Allowed substitution hints:   𝜑(𝑥)   𝜓(𝑦)   𝜒(𝑦)   𝜃(𝑦)   𝜏(𝑦)   𝐴(𝑦)

Proof of Theorem nn0ind-raph

Dummy variable 𝑧 is distinct from all other variables.

Step	Hyp	Ref	Expression
1		elnn0 12471	. 2 ⊢ (𝐴 ∈ ℕ0 ↔ (𝐴 ∈ ℕ ∨ 𝐴 = 0))
2		dfsbcq2 3780	. . . 4 ⊢ (𝑧 = 1 → ([𝑧 / 𝑥]𝜑 ↔ [1 / 𝑥]𝜑))

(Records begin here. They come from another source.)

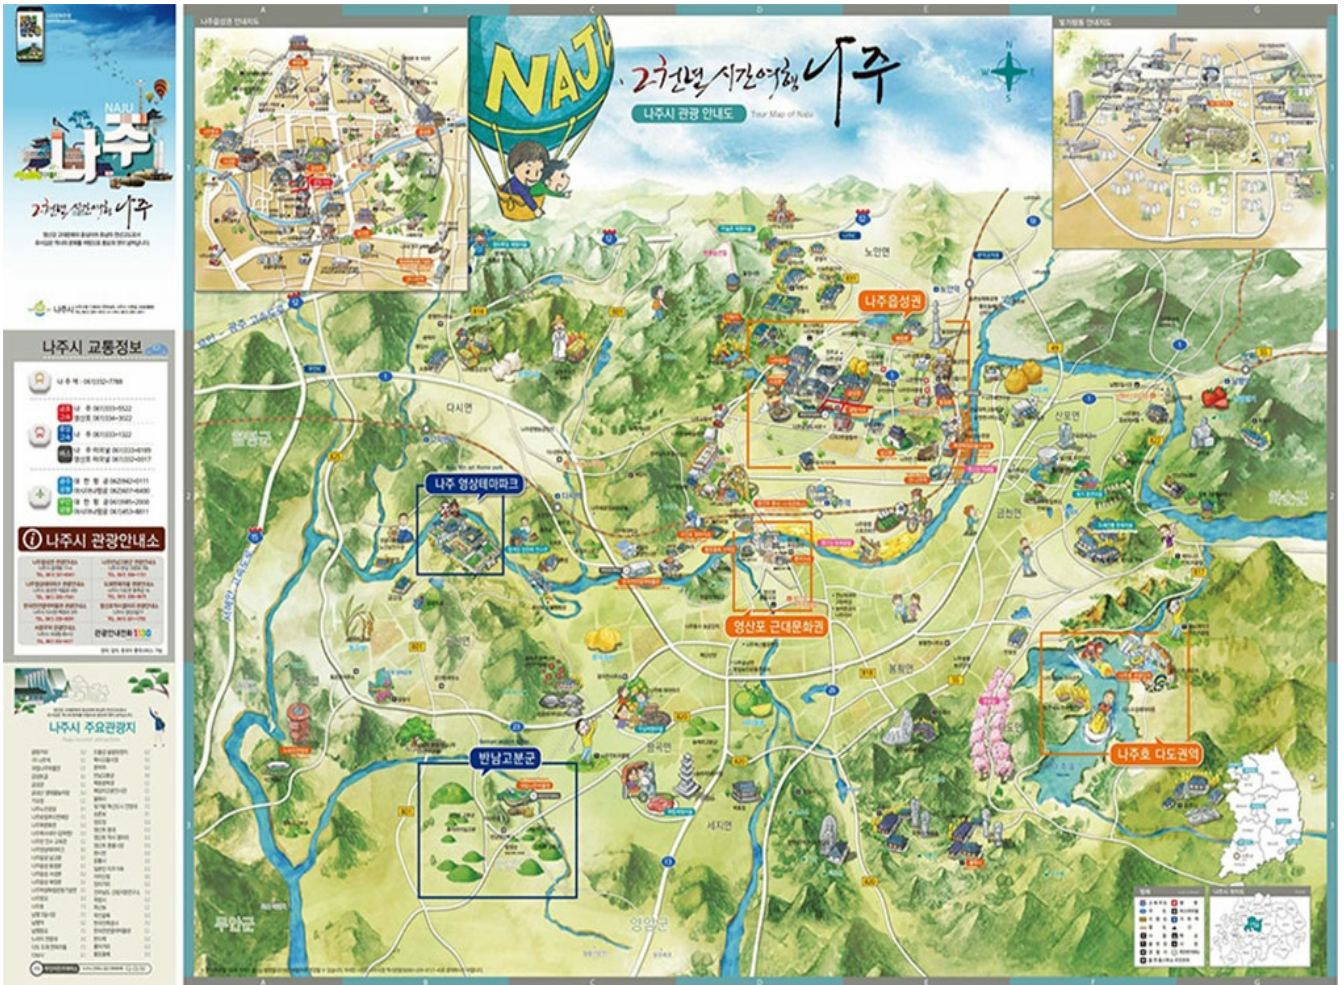

NAJU  
*Web  
Contents*

2021년 05월 18일 17시 38분

# 목차

목차	2
Tourist Map	3

📄 download

COPYRIGHT © NAJU-SI. ALL RIGHTS RESERVED.

NAJU

3		nfv 1918	. . . . 5 ⊢ Ⅎ𝑥𝜒
4		nn0ind-raph.2	. . . . 5 ⊢ (𝑥 = 𝑦 → (𝜑 ↔ 𝜒))
5	3, 4	sbhypf 3539	. . . 4 ⊢ (𝑧 = 𝑦 → ([𝑧 / 𝑥]𝜑 ↔ 𝜒))

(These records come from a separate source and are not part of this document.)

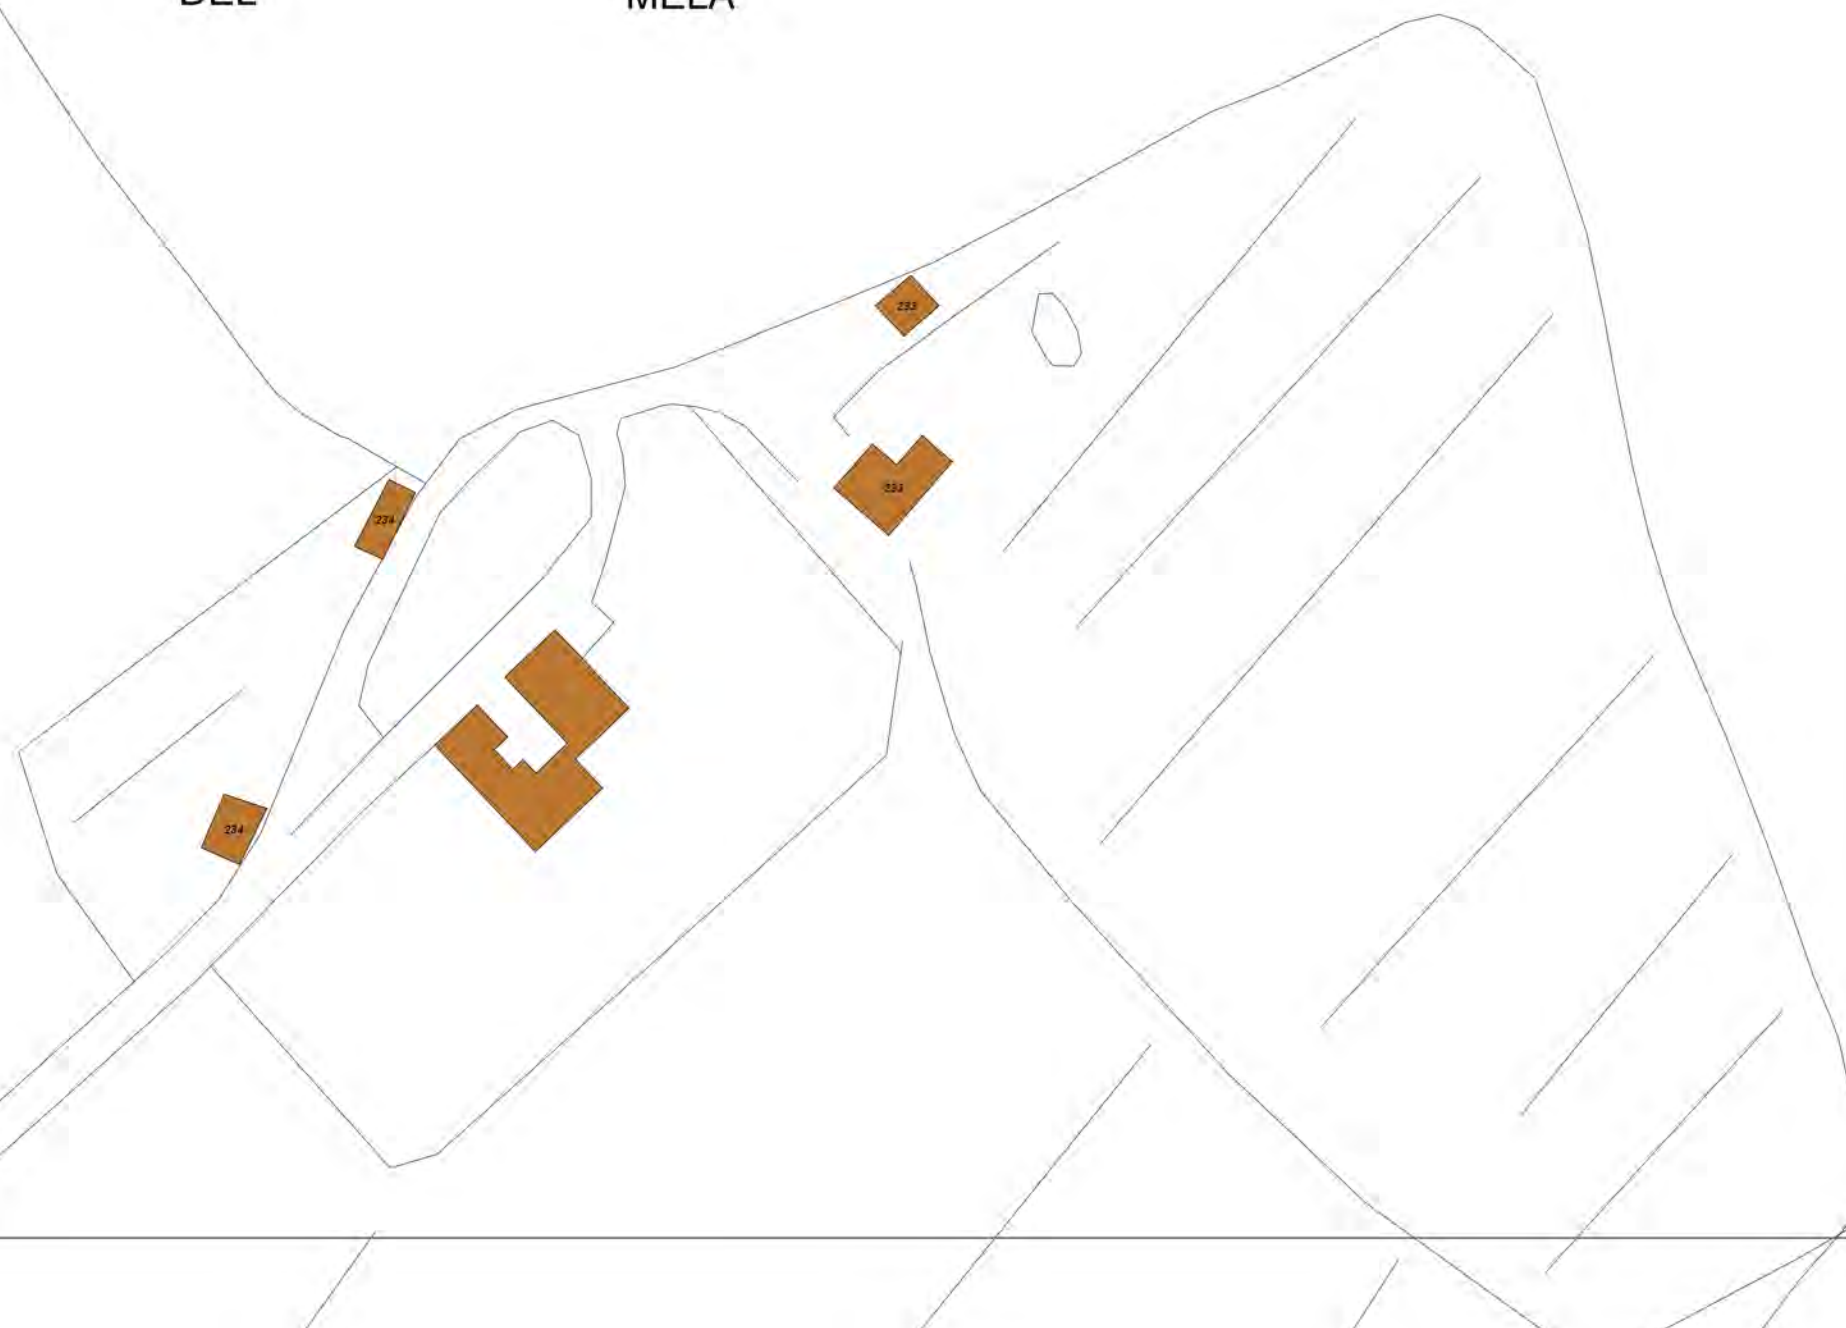

PODERE

IL

MORO

CASANOVA

DEL

MELA

VAL

228

6		nfv 1918	. . . . 5 ⊢ Ⅎ𝑥𝜃
7		nn0ind-raph.3	. . . . 5 ⊢ (𝑥 = (𝑦 + 1) → (𝜑 ↔ 𝜃))
8	6, 7	sbhypf 3539	. . . 4 ⊢ (𝑧 = (𝑦 + 1) → ([𝑧 / 𝑥]𝜑 ↔ 𝜃))
9		nfv 1918	. . . . 5 ⊢ Ⅎ𝑥𝜏
10		nn0ind-raph.4	. . . . 5 ⊢ (𝑥 = 𝐴 → (𝜑 ↔ 𝜏))
11	9, 10	sbhypf 3539	. . . 4 ⊢ (𝑧 = 𝐴 → ([𝑧 / 𝑥]𝜑 ↔ 𝜏))
12		nfsbc1v 3797	. . . . 5 ⊢ Ⅎ𝑥[1 / 𝑥]𝜑
13		1ex 11207	. . . . 5 ⊢ 1 ∈ V
14		c0ex 11205	. . . . . . 7 ⊢ 0 ∈ V
15		0nn0 12484	. . . . . . . . . . . 12 ⊢ 0 ∈ ℕ0
16		eleq1a 2829	. . . . . . . . . . . 12 ⊢ (0 ∈ ℕ0 → (𝑦 = 0 → 𝑦 ∈ ℕ0))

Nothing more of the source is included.